Cadenas fermant la porte d’une mosquée à Pékin.

Cadenas fermant la porte d’une mosquée à Pékin. Photo d’Addy McTague.

Elle disait souvent cette phrase lorsqu’elle me parlait des événements en cours dans sa ville natale. Ils bannissent les femmes des mosquées. Ils scannent les visages de ceux qui entrent dans les mosquées, ainsi que dans les marchés et les aéroports. Ils interdisent le hijab. Le jeûne aussi. Les voisins·es disparaissent. Les caméras de surveillance sont omniprésentes. Nous cachons nos livres. On nous ordonne d’enlever les serrures de nos portes. Ils ont pris mon passeport. « Je ne sais pas pourquoi. »
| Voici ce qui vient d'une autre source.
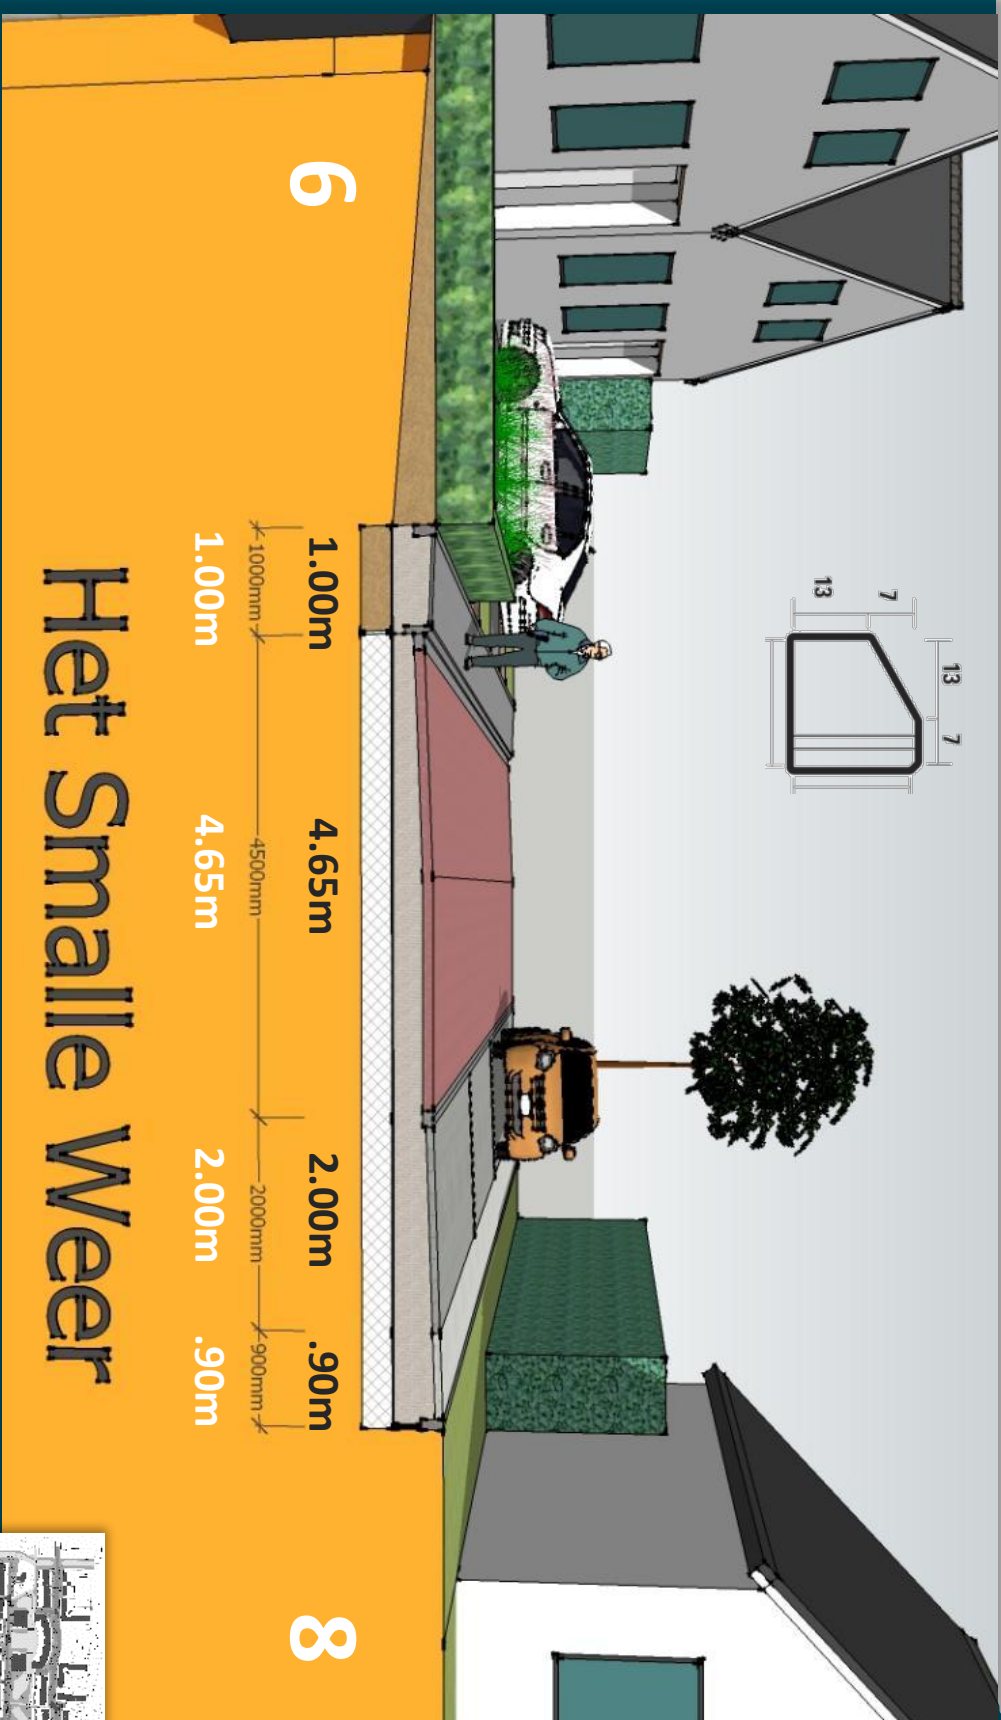

Definitief Ontwerp; 't Smalle Weer 6 - 8

Het Smalle Weer
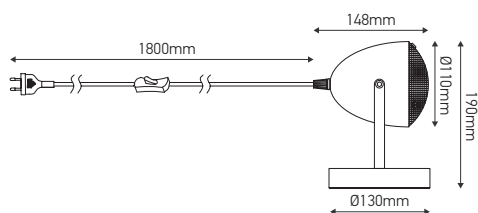

Spot rétro

SPOTIX 4W Max. E14 Or mat

Ref: 976754

EAN	3125469767541
Puissance	4W Max.
Culot	E14
Finition	Acier peint
Couleur	Or mat
Dimensions	148 x 130 x 190mm

- Avec douille E14, interrupteur noir et fiche
- Lentille en plastique décorative
- source lumineuse non incluse
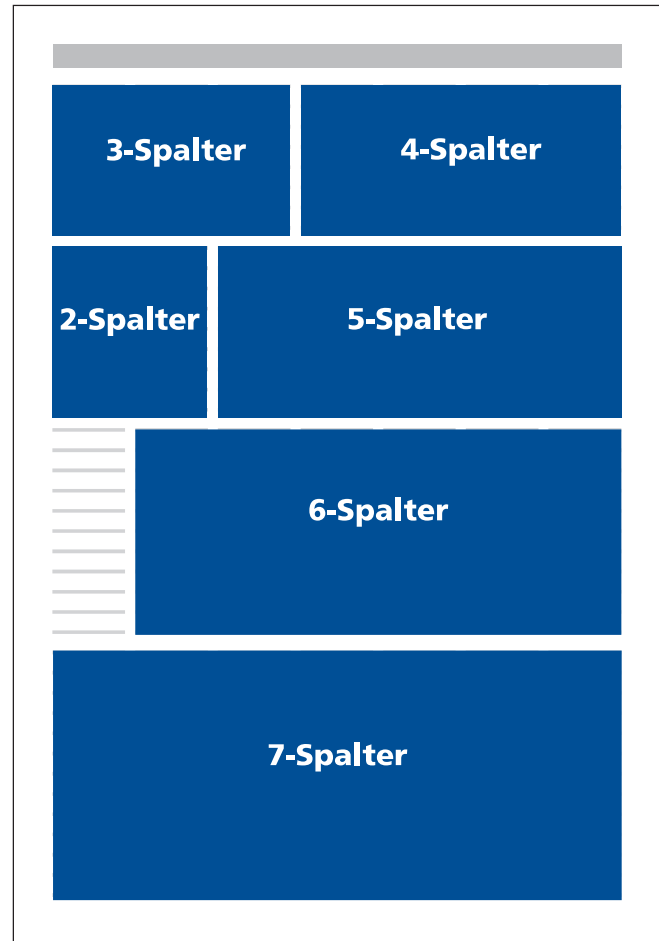

Anzeigengrößen mit Beispielen

Die Anzeighöhe ist frei definierbar (maximal 482 mm Höhe) und die Breite richtet sich nach den vorgegeben Spaltenbreiten, die sich zwischen 2 bis 7 Anzeigenspalten bewegen.

Spaltenbreiten im Überblick:

2 Spalten	=	90,5 mm
3 Spalten	=	137,4 mm
4 Spalten	=	184,3 mm
5 Spalten	=	231,2 mm
6 Spalten	=	278,1 mm
7 Spalten	=	325,0 mm

Nachruf

Wir bedauern den Tod
unseres geschätzten Senior-Chefs

**Die Geschäftsleitung und Belegschaft
der Firma Muster GmbH**

2 Spalten = 90,5 mm breit x 100 mm hoch (2/100)
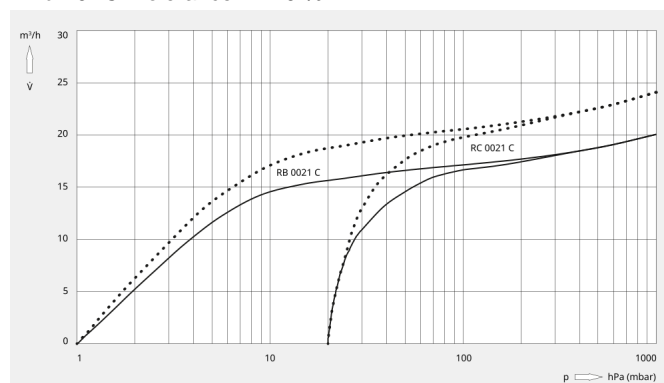

## Dessin d'encombrement

## Vitesse de pompage

Air à 20 °C. Tolérance : ± 10 %

Les valeurs techniques suivantes renvoient à ISO 50 Hz

	R5 RB 0021 C	R5 RC 0021 C
Vitesse de pompage nominale	20 m³/h	20 m³/h
Pression finale	1,0 hPa (mbar)	20,0 hPa (mbar)
Puissance nominale du moteur	0,75 kW	0,75 kW
Vitesse nominale du moteur	3000 min <sup>-1</sup>	3000 min <sup>-1</sup>
Niveau sonore (ISO 2151)	66 dB(A)	66 dB(A)
Capacité en huile	0,45 l	0,45 l
Poids approx.	20 kg	20 kg
Dimensions (L x W x H)	401 x 229 x 180 mm	401 x 229 x 180 mm
Échappement de gaz	–	–
Aspiration de gaz	G½"	G½"
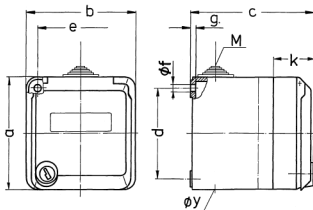

Cepex-Wandsteckdose, grau

Bestellnr. 4163

- Schraubkontakt
- mit Beschriftungsfeld
- abschließbares Sicherheitsschloss, zwei Schlüssel
- im verschlossenen Zustand nicht demontierbar
- auch mit gleicher Schließung lieferbar
- Gleichschließendes Gehäuse: Bestellnr. + Index „G“

Technische Daten

Ampere	16 A
Pole	4 p
Volt	400 V
Uhrzeitstellung	6 h
Hertz	50-60 Hz
Schutzart	IP 44
Gewicht	335 g

Abmessungen

Zeichnung	Amp.	16			32		
		3	4	5	3	4	5
1 MB 313	Pole						
Maße in mm	a	93	93	93	93	93	93
	b	90	90	90	90	90	90
	c	90	90	90	102	102	102
	d	75	75	75	75	75	75
	e	73	73	73	73	73	73
	f	5,5	5,5	5,5	5,5	5,5	5,5
	g	4,2	4,2	4,2	4,2	4,2	4,2
	k	36	36	36	36	36	36
	y	25,5	25,5	25,5	25,5	25,5	25,5
	M	25x1,5	25x1,5	25x1,5	25x1,5	25x1,5	25x1,5
	Klemmen für Leiterquerschnitt von bis mm ²	1,5	1,5	1,5	2,5	2,5	2,5
		-4	-4	-4	-6	-6	-6
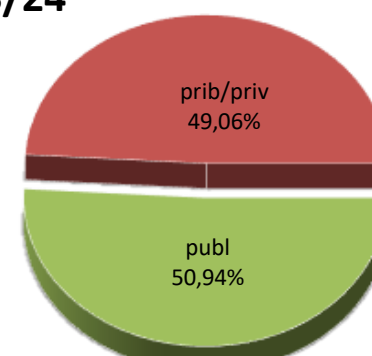

DERRIGORREZKO BIGARREN HEZKUNTZAKO IKASLEAK

ALUMNADO DE EDUCACIÓN SECUNDARIA OBLIGATORIA

MATRIKULA-ARABA/ÁLAVA
DERRIGORREZKO BIGARREN HEZKUNTZAKO IKASLEAK
ALUMNADO DE EDUCACIÓN SECUNDARIA OBLIGATORIA

18/19

19/20

20/21

21/22

22/23

23/24

MATRIKULA-ARABA/ÁLAVA HEZKUNTZA BEREZIKO IKASLEAK (DBH)* ALUMNADO DE EDUCACIÓN ESPECIAL (ESO)*

* Datuak gela itxiei dagozkie/Los datos hacen referencia a las aulas cerradas

MATRIKULA-ARABA/ÁLAVA
HEZKUNTZA BEREZIKO IKASLEAK (DBH)*
ALUMNADO DE EDUCACIÓN ESPECIAL (ESO)*

18/19

19/20

20/21

21/22

22/23

23/24

* Datuak gela itxiei dagozkie/Los datos hacen referencia a las aulas cerradas

MATRIKULA-ARABA/ÁLAVA
DERRIGORREZKO BIGARREN HEZKUNTZA-HEZKUNTZA BEREZIKO IKASLEAK
ALUMNADO DE EDUCACIÓN SECUNDARIA OBLIGATORIA-EDUCACIÓN ESPECIAL

Lettre écrite par Zainur Turdi à l’auteure.

Lettre écrite par Zainur Turdi à l’auteure. Photo d’Addy McTague.

Un an plus tard, en juin 2018, je suis retournée à Pékin. Mon avion a atterri la nuit qui précédait l’Aïd. J’ai retiré mon hijab, sachant très bien qu’en ne le portant pas, j’aurai l’avantage d’être considérée comme une Américaine lambda avec un nom anglais. De cette façon, je pourrai rechercher plus facilement les Ouïghour·e·s que je connaissais. J’ai assisté à la prière de l’Aïd seule, coiffée d’une tresse, avec un foulard sur la tête que j’avais porté sans l’ajuster. Une année auparavant seulement, je m’étais rendue à cette mosquée chaque semaine avec de plusieurs ami·e·s ouïghour·e·s. Le jour de l’Aïd 2018, seul un groupe de policiers était posté devant la mosquée. Ils vérifiaient les papiers d’identité des quelques Hui [4] [fr] et des étrangers qui y entraient. Ils ont vérifié mon passeport. Ils ont scruté mon visage. Ils m’ont fait signe de m’éloigner. J’ai essayé d’entrer dans une mosquée encore une fois lors de ce voyage. J’ai trouvé les portes fermées et cadenassées. Des panneaux indiquaient que l’intégrité structurelle de l'édifice était menacée.

Une vieille amie ouïghoure était toujours à l’université, attendant la remise de son diplôme. Elle savait qu’elle serait internée dans un camp si elle n’arrivait pas à trouver de travail. Elle évoquait ses frères et sœurs. Tous ses frères étaient maintenant emprisonnés. Les camps lui avaient pris une sœur, des cousin·e·s et des ami·e·s.Travaux forcés. Travail en usine. Contrôles de police. Disparitions. Incertitudes. Quelques certitudes. Zainur ?

Zainur est internée dans un camp de détention depuis le 5 juillet 2017.*

* Cette information a été confirmée à l’auteure par plusieurs sources ayant connaissance de la situation de Zainur. Son nom complet est Zainur Turdi [5].

La base de données des victimes du Xinjiang [2] est la principale ressource consultable en anglais sur les victimes de la répression en cours dans la région autonome ouïghoure du Xinjiang. Global Voices recueille les témoignages d’ami·e·s et de proches des victimes de cette répression politique.